So, without delving further into the plethora of evidence available to the student of Scripture and history, we have established that:

1. The Sabbath was instituted by God at creation for all mankind.

2. Christ expected His followers to continue Sabbath-keeping after His death and resurrection.

3. Neither the disciples, apostles, nor any of the early Christians advocated, let alone kept, Sunday as sacred.

4 When Sunday-keeping did creep into the Christian church, it was at the instigation and commands of Constantine and the newly emerging Roman Catholic Church during the fourth century A.D.

The obvious and inescapable conclusion then is that, if the apostle Thomas took Christianity to India, and there established churches, then his converts, the so-called St Thomas Christians, were seventh-day Sabbath-keepers.

But for those who discount the St Thomas legend, believing that Christianity was brought to India at a later date from Persia, it is still incumbent on them to accept the evidence of history, that the early Christians were Sabbath-keepers. If the Syrian Christians in India were subject to the Eastern Syrian Church it follows that they would be in agreement as to their day of worship; for Mingana writes:

"Any attempt to speak of early Christianity as different from the East Syrian Church, is, in our judgment, bound to fail". ("Early Spread of Christianity", Bulletin of John Rylands Library, Vol. 10, p. 440)

In order to unlock the door to the mystery of the disappearance of the Sabbath from Indian Christianity it is obvious that we need a key. It so happens that the key, like Malachai Martin's, has very much to do with blood; not Christ's blood, not the blood of saints, but the blood of Indians!

When we unlock that door, we shall not only gain insight into the extent of Christian Sabbath observance but we shall also discover a sinister plan to shield modern-day Christendom from the light of truth.

CHAPTER 3

Little is known of early Christianity in India. The church records and literature of the St Thomas Church have mysteriously disappeared. But thanks to historians and travelers who recorded their experiences, we can piece together an interesting picture of the early Indian Christians which links them to the early Antioch church. However there is nothing recorded that would throw any light on the welfare or otherwise of the original church communities thought to have been established by St Thomas.

It is this absence of information that causes many to doubt that St Thomas ever reached Southern India.

It will be recalled that it was in the Syrian region around Antioch that the followers of Jesus Christ first became known as Christians. The bulk of these Christians were Jews. With the destruction of Jerusalem in 70 A.D. there was a tremendous exodus northward into Syria, especially around Antioch.

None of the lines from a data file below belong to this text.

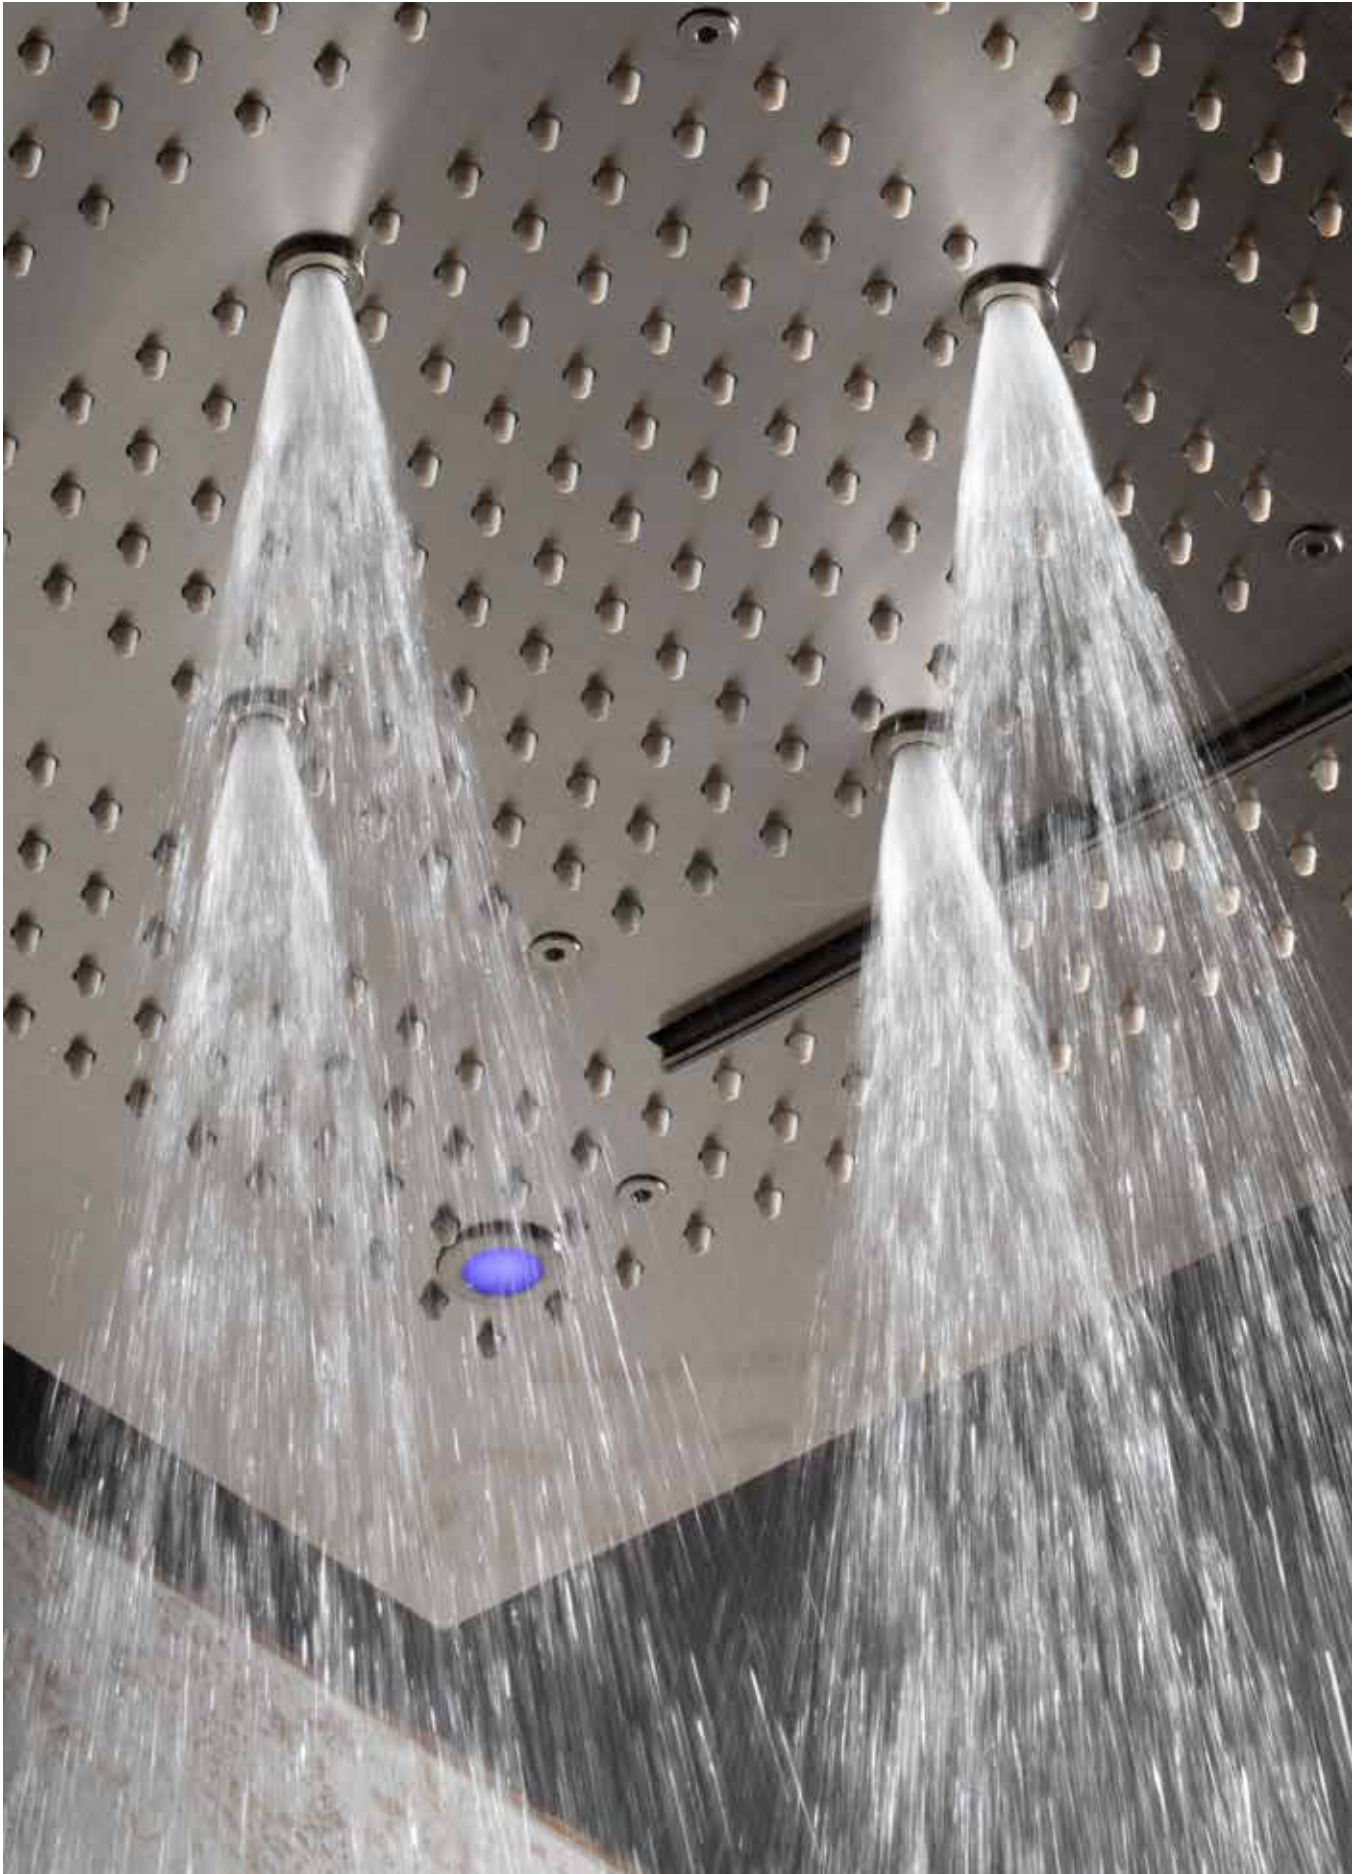

PG
 PVD Gold

RCP
 PVD Santiago

BAGNOSPA SHOWERS

Recessed Shower Head
with 4 Functions
Waterfall, Spray, Rain Curtain & Rain
with RGB LED Lights
with 1/2" Connection
600 x 600 x 2 mm
Min. Operating Pressure 1.5 bar MP

With their renowned business acumen and missionary zeal, Christians not only settled along the trade routes of Asia but soon colonised large areas in Asia Minor (now part of Turkey), as well as spreading eastward into Assyria (parts of Persia and Iraq).

During renewed, but selective forms of persecution of the Christians who refused to fall in with Constantine's politicised form of Christianity, a group of Assyrian Christians migrated to India in the year 345 A.D. They were received cordially by the King of Malabar, and this influenced successive waves of migrants to settle in that area. There is no record of these immigrants meeting up with descendants of the original St Thomas Christians, but it is tempting for some to conclude that it was their established presence that attracted the immigrants to India.

The historian Mingana leaves no doubt that these Christians brought with them the beliefs and scriptures of the Syrian Church and that this characterised them as separate in jurisdiction and belief from papal and Jewish beliefs:

"The fifth century opens with an Indian Christianity which was in such a state of development that she is able to send her priests to be educated in the best schools of the East Syrian Church and to assist the doctors of that Church in their revision of the ancient Syriac translations of the Pauline Epistles." ("Early Spread of Christianity" Bulletin of John Rylands Library, Vol. 10, p. 459).

Mingana's statement is important. Notice that these Indian St Thomas Christians were actually assisting in the revision of "ancient Syriac translations of the Pauline Epistles". This links this church and its Bibles to the purity of the apostolic age. The line of New Testament Scripture is now identified as the Byzantine or Received Text line from which the King James Version derives. As the doctrines of a church can be no purer than the Bible which it uses, we may here pause to acknowledge the impoverished nature of the corrupted Bibles used in Rome and Alexandria which eventually formed the basis of the Roman Catholic Vulgate, and we may reflect on the effects of such a travesty as shown in the doctrines of a church that interprets scripture in accordance with tradition and dogma.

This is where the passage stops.